Overview

The Model Parameters section in the App Editor allows you to fine-tune how prompts are processed by the selected model. Each parameter affects the behavior and response of the model, giving you control over the output.

This article explains each available parameter and its impact.


Available Model Parameters

1. Max Tokens

  • Definition: Determines the maximum number of tokens (words, punctuation, and special symbols) the model can generate in the response.

  • Range: Varies by model, typically from 1 to 4096+ tokens.

  • Use Case:

    • Increase to allow for longer responses.

    • Decrease to keep responses brief and focused.

Tip: Be mindful of the token limit to avoid truncating responses or exceeding model constraints.


2. Temperature

  • Definition: Controls the randomness or creativity of the model’s responses.

  • Range: 0 to 2

    • Lower values (0-0.3): More deterministic, ideal for factual or structured responses.

    • Higher values (0.7-1.5): Adds creativity and variety but may increase randomness.

  • Use Case:

    • Use low values for tasks requiring precision.

    • Use higher values for brainstorming or creative writing.

Tip: A value around 0.7 strikes a balance between creativity and consistency.


3. Presence Penalty

  • Definition: Encourages the model to introduce new concepts by discouraging repetition.

  • Range: -2 to 2

    • Higher values: Push the model to include less frequent or novel content.

    • Lower values: Allow the model to stay focused on known concepts.

  • Use Case:

    • Ideal for generating diverse content or exploring new ideas.


4. Frequency Penalty

  • Definition: Reduces the likelihood of the model repeating the same phrases.

  • Range: -2 to 2

    • Higher values: Decrease repetition, making the response more varied.

    • Lower values: Allow for more repetition if needed.

  • Use Case:

    • Best used when generating lists or content with minimal duplication.


5. Top P (Nucleus Sampling)

  • Definition: Controls the diversity of model outputs by selecting from the most probable tokens.

  • Range: 0 to 1

    • Lower values (e.g., 0.1): Narrow selection, more focused responses.

    • Higher values (e.g., 0.9): Broader selection, more diverse responses.

  • Use Case:

    • Lower values for factual or predictable tasks.

    • Higher values for creative or exploratory tasks.

Tip: Either adjust Temperature or Top P—not both—when fine-tuning creativity.


6. Top K

  • Definition: Limits the number of tokens the model considers when generating the next word.

  • Range: 0 to 2048

    • Lower values (e.g., 5-50): Highly focused responses by considering only the most likely tokens.

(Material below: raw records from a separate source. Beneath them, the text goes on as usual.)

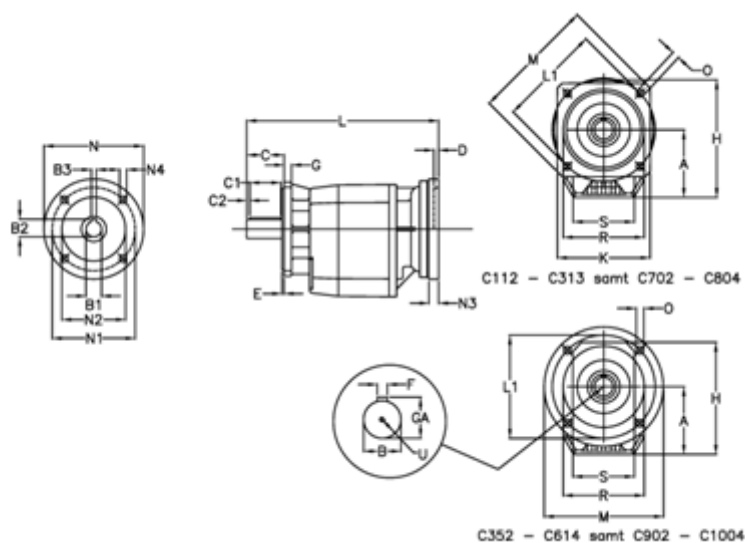

Article number: 40600814912440
 Description: Helical gearbox
 C803F-149,1-P100B5

Measures

A = 247.0	D = 4.5	L1 = 350	R = 320
B = 80	E = 5	M = 400	S = 300
B1 = 28	F = 22	N = 250	U = M20x42
B2 = 31.3	G = 20	N1 = 215	
B3 = 8	GA = 85.0	N2 = 180	
C = 140	H = 422.0	N3 = 0	
C1 = 110	K = 350	N4 = M12x16	
C2 = 15	L = 543.0	O = 18.0	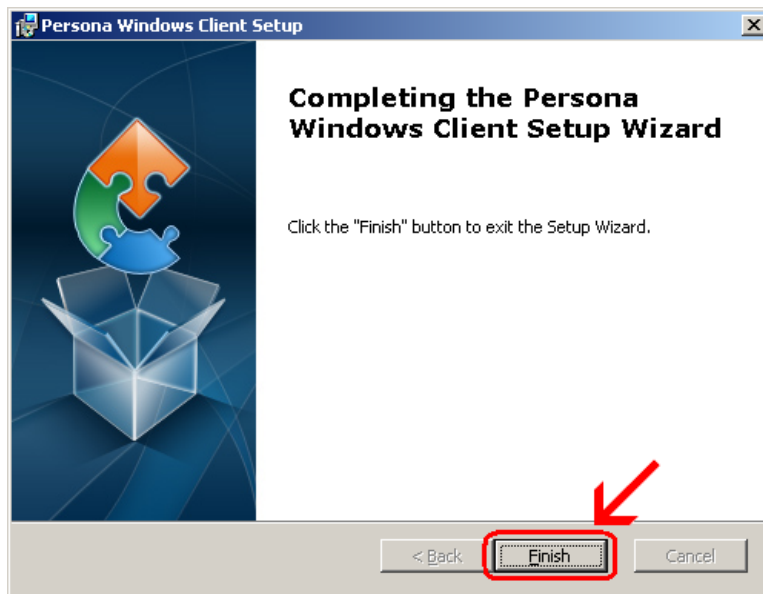

The screenshot shows a web browser window displaying the 'Persona Download Instructions' page. The page header includes the 'PERSONA Gardner' logo. The instructions are listed as follows:

1. Please [print](#) these instructions before you start!
2. If you have any Persona sessions open, close them now.
3. If your default browser is not **Microsoft Internet Explorer** then cancel this process, launch **Microsoft Internet Explorer** and goto, 'http://codis.gardnerinc.com'
Note: If you continue with a browser other than Microsoft Internet Explorer the prompts you see may not match these instructions.
4. Delete any icons for Persona from your Desktop before you start.
5. Click on this link [Persona Setup](#)
6. You will get a window with 'Run, Save, or Cancel' buttons.
7. Click the **Run** button.
8. The Installer window will appear. Click 'Next' on each window, then click 'Install' and click 'Finish' on the last window.
9. **NOTE:** If your virus protection software prevents you from installing Persona, disable the virus protection software and restart the Persona download.
BE SURE TO RE-ENABLE YOUR VIRUS SOFTWARE AFTER YOU HAVE COMPLETED THE PERSONA INSTALLATION.
10. Next, click on the 'Start' button
 - o Then click on 'All Programs'
 - o Then click on 'Persona Windows Client'
 - o Then right click on Thin Term.exe
 - o Click on 'Send to'
 - o Click on 'Desktop (create shortcut)'. This will create a shortcut to ThinTerm.exe on the desktop.
11. Go back to the Desktop and click on the ThinTerm shortcut icon. This will launch the Persona Session window.

Click on **Open**

Click Next

Click Next

Click **Install**

Wait for the installation to complete (takes less than 1 minute)

Click **Finish**

This window is left open on your screen. You can just **close** this.

    • Higher values (e.g., 1000+): Allows more randomness and variety.

  • Use Case:

    • Use lower values for highly structured tasks.

    • Use higher values for exploratory or creative responses.

Tip: Top K is often used in combination with Top P for greater control over response diversity.


FAQs

Q: What happens if Max Tokens is set too low?
A: The response may get cut off before completion. Increase the limit if you need longer outputs.

Q: Should I adjust Temperature and Top P together?
A: No, it's best to modify one at a time to observe changes in model behavior.

Q: When should I adjust Top K?
A: Use Top K when you need to limit the model’s choices to the most likely tokens for greater control over response variability.